16. But perhaps some one is alarmed at hearing us discourse of the death of Him of Whom, a short while since, we said that He is everlasting with God the Father, and that He was begotten of the Father’s substance, and is one with God the Father, in dominion, majesty, and eternity. But be not alarmed, O faithful hearer. Presently thou wilt see Him of Whose death thou hearest once more immortal; for the death to which He submits is about to spoil death. For the object of that mystery of the Incarnation which we expounded just now was that the divine virtue of the Son of God, as though it were a hook concealed beneath the form and fashion of human flesh (He being, as the Apostle Paul says, “found in fashion as a man”), might lure on the Prince of this world to a conflict, to whom offering His flesh as a bait, His divinity underneath might catch him and hold him fast with its hook, through the shedding of His immaculate blood. For He alone Who knows no stain of sin hath destroyed the sins of all, of those, at least, who have marked the door-posts of their faith with His blood. As, therefore, if a fish seizes a baited hook, it not only does not take the bait off the hook, but is drawn out of the water to be itself food for others, so He Who had the power of death seized the body of Jesus in death, not being aware of the hook of Divinity inclosed within it, but having swallowed it he was caught forthwith, and the bars of hell being burst asunder, he was drawn forth as it were from the abyss to become food for others. Which result the Prophet Ezekiel long ago foretold under this same figure, saying, “I will draw thee out with My hook, and stretch thee out upon the earth: the plains shall be filled with thee, and I will set all the fowls of the air over thee, and I will satiate all the beasts of the earth with thee.” The Prophet David also says, “Thou hast broken the heads of the great dragon, Thou hast given him to be meat to the people of Ethiopia.” And Job in like manner witnesses of the same mystery, for he says in the person of the Lord speaking to him, “Wilt thou draw forth the dragon with a hook, and wilt thou put thy bit in his nostrils?”

17. It is with no loss or disparagement therefore of His Divine nature that Christ suffers in the flesh, but His Divine nature through the flesh descended into death, that by the infirmity of the flesh He might effect salvation; not that He might be detained by death according to the law of mortality, but that He might by Himself in his resurrection open the gates of death.
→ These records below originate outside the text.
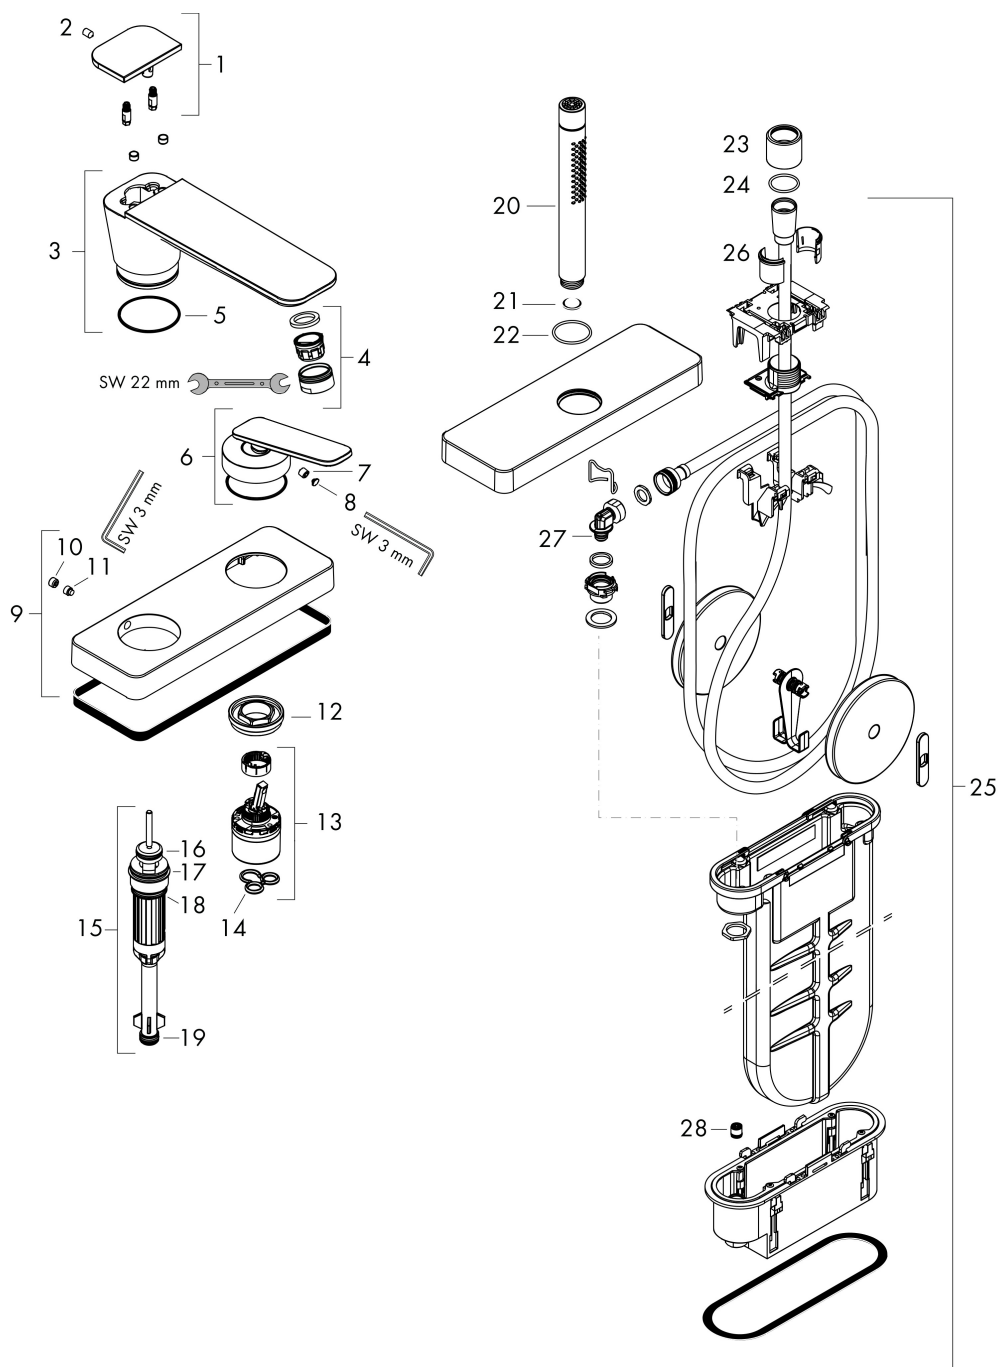

Varumärke	AXOR
Art. Namn	AXOR Citterio C 3-håls 1-grepps badkarsblandare för karkant med sBox - cubic cut
Art. Nr.	49431820
RSK-nr.	8238541
Ytskikt	Borstad nickel PVD
Pos	1

Reservdelsritning för byggnadsår: >06/24

It is as if a king were to proceed to a prison, and to go in and open the doors, undo the fetters, break in pieces the chains, the bars, and the bolts, and bring forth and set at liberty the prisoners, and restore those who are sitting in darkness and in the shadow of death to light and life. The king, therefore, is said indeed to have been in prison, but not under the same condition as the prisoners who were detained there. They were in prison to be punished, He to free them from punishment.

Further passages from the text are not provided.